The Ekalaka Eagle - Your Community Builder

Water

 

August 7, 2020



A big thing as we were growing up in and around Ekalaka was the water supply. People out in the country or on the edges of Ekalaka had wells. You usually could find ground water at 10 or 15 feet but they would go on through that and go to another vein of water at 60 or even 100 or more feet. The deeper the well the harder pumping it was and I know that because I did a lot of pumping for the livestock.

At our second house in Ekalaka, we had a windmill which, of course, pumped water when the wind was blowing. This was very nice for me as we had cows and usually had horses also. They drank out of a stock trough. At first, I had to bring in a bucket of water for the house. Then, my Dad did a wonderful thing. He ran a pipe up over a small house next to the well, then overhead to our upstairs where it ran into a stock trough that he had put in there. He covered the trough so nothing could get in it. Then he ran pipes to the kitchen and other places so we had pressurized running water just like the city folks.

Ekalaka water and the well water around Ekalaka was pretty good, at least we thought so. When my Grandma Lavell came to visit she wouldn’t drink it. She got Coca Cola and such. Bottled water was not so readily available then. The town had a big tank up on the hill which was supplied from a well, I suppose that they still do.

My favorite place that we lived in Carter County was what we called the Opeechee Park place. Jesse LaBree called it the Kinsey place. It had a pump on the back porch. Being in the forest the water was very good. We still had to take our horse to a spring every day to get water. That was in 1942.

The people in other areas of the area of the county were not so fortunate. A lot of the water was very alkaline. Sherry Farwell once told me that his grandfather located his place on purpose where the water was good, coming out of the hills behind them. That was a very smart thing to do. Usually the water was good in the hills but not out on the plains. We used to go up to a place called Lantis Springs for picnics in the summer. The water was very good there. There was a forest service fire tower there and if there was a nice guy manning it he would let us go up in the tower and see the forest all around. Off the subject, I know.
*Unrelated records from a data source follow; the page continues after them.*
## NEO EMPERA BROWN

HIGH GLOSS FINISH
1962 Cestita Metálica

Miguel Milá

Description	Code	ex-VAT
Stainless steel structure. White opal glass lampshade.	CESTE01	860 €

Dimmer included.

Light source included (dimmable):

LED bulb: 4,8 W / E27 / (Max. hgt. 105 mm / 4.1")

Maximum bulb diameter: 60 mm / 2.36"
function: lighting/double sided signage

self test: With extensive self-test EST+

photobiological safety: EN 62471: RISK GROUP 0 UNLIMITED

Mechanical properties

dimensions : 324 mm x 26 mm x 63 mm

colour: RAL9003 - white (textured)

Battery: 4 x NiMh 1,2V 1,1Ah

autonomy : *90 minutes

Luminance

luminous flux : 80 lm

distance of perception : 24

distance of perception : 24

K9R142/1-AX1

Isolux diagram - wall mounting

My grandparents had a cistern at their place to supply drinking water. Rain water ran off the shingles of the roof into the cistern. My mother and all her siblings loved that water but we kids would drink it but didn't like it. They had a well in their yard but the water was too alkaline for people to drink. Cows and horses would drink it. There was a hill on the Briggs place which my grandparents owned that had water seeping out of it. They called it Palmer Hill. Sheep would drink it but people or cows could not. I don’t know what other people around the county did for drinking water.
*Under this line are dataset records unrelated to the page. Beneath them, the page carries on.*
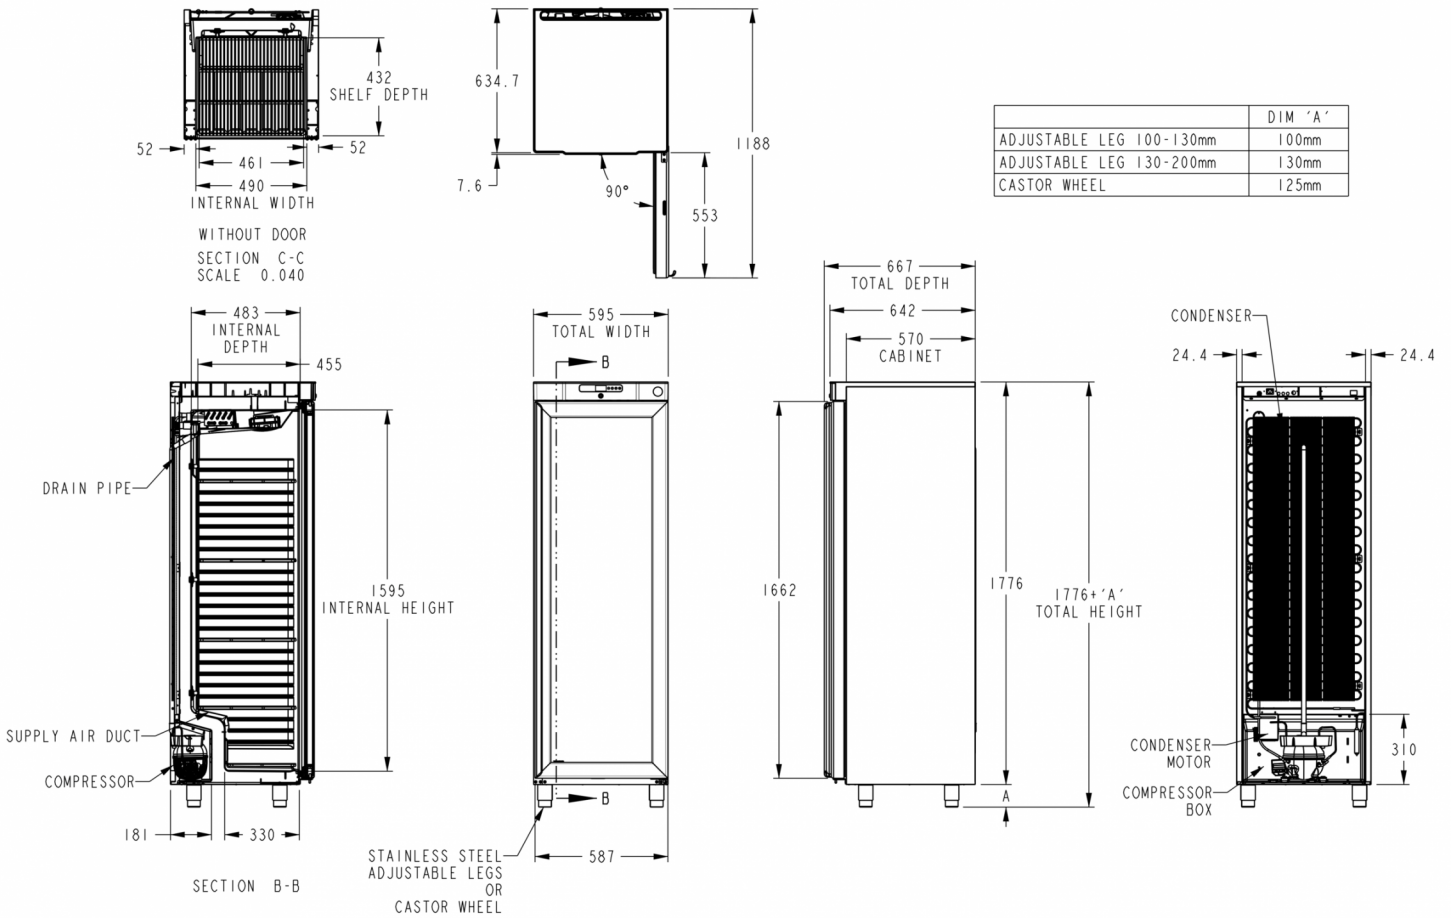

HOSHIZAKI

COMPACT KG420R L1 DR G E

TECHNICAL SPECIFICATIONS

Temperature range	Shelf size	Volume, gross	Net usable volume	Power supply	Connection load	Climate class	Sound level	Ref. capacity (at -10°C)
+1/+12°C	Shelf 483.8 x 433 mm	343 l	265 l	230V, 50Hz	130 W	4 (max. ambient temp. of 30 °C with 55% RH)	39.8 dB(A)	122 W

SHIPPING SPECIFICATIONS

Width (packed)	Depth (packed)	Height (packed)	Volume (packed)	Gross weight	Width	Depth	Height	Height including legs (minimum)	Height including legs (maximum)	Net weight
614 mm	720 mm	2,037 mm	0.377 m³	99 kg	595 mm	667 mm	1,776 mm	1,876 mm	1,906 mm	89 kg

Disclaimer: Every effort has been made to ensure that the information contained in this spec sheet is accurate at the time of publishing. Hoshizaki Europe BV assumes no responsibility or liability for typographical errors or omissions or for any misinterpretation of the information within the publication and reserves the right to change without notice.

Hoshizaki Belgium
Hoshizaki Danmark
Hoshizaki Deutschland
Hoshizaki France
Hoshizaki Iberia
Hoshizaki Italia
Hoshizaki Middle East

info@hoshizaki.nl
info@hoshizaki.dk
vertrieb@hoshizaki.de
info@hoshizaki.fr
info@hoshizaki.es
commerciale@hoshizaki.it
sales.ex@hoshizaki-europe.com

Hoshizaki Netherlands info@hoshizaki.nl
Hoshizaki Norge salg@hoshizaki.no
Hoshizaki Sverige orderSE@hoshizaki.dk
Hoshizaki UK uksales@hoshizaki.uk
Export countries sales.ex@hoshizaki-europe.com
Other countries sales.ex@hoshizaki-europe.com

www.hoshizaki-europe.com

Some cities in Eastern Montana had a real problem with water. Because of all the oil and gas in the ground the water often would taste really bad. We thought that Baker water was terrible. I once had Circle water and it was the worst I had ever tasted. I wonder what all these towns have done with their water now?

I will tell you about frozen water. My grandparents had an ice house as many other people did. In the winter they would harvest ice from Boxelder Creek or reservoirs in blocks and store it in the ice house. It would be in layers with sawdust and tarps between.

A block was taken out periodically to supply an ice box used for keeping things cold. It was so much fun for kids to get in that ice house on a hot day and get down to the next layer of ice and chip off a little piece to suck on.

There was an old concrete slaughter house on the road out toward Tookes. It was not being used but once in a while my Dad would get permission to kill some beef there. It must have been a very deep well because it was very hard to pump and it takes a lot of water to clean up after a slaughter job. I know, I had to pump it. I wonder if that old slaughter house is still there.

My grandparents bought a place just south of the Briggs place and Catamount creek that they called the Fred Haight place. They constructed a great big dam and reservoir there. I actually drank water directly out of that reservoir. I thought that it was good. My uncle Harvey Coons and his wife Ita built their house on that place fairly close to the reservoir. They must have drilled a well, I wonder if the water was good. I don’t remember what we used for water at the Briggs place just north of there or at the Anderson place just south of there. My cousin Lennet Cantwell can probably tell me.

I have got kind of long but I will tell you one more thing. Uncle Harvey Coons told me that a traveling geologist once showed him the spot just north of Catamount Creek and told him that if they drilled there they would get a very big artesian well. He didn't have the money to drill but always wondered about it.

I hope that the towns of Eastern Montana have got better water now.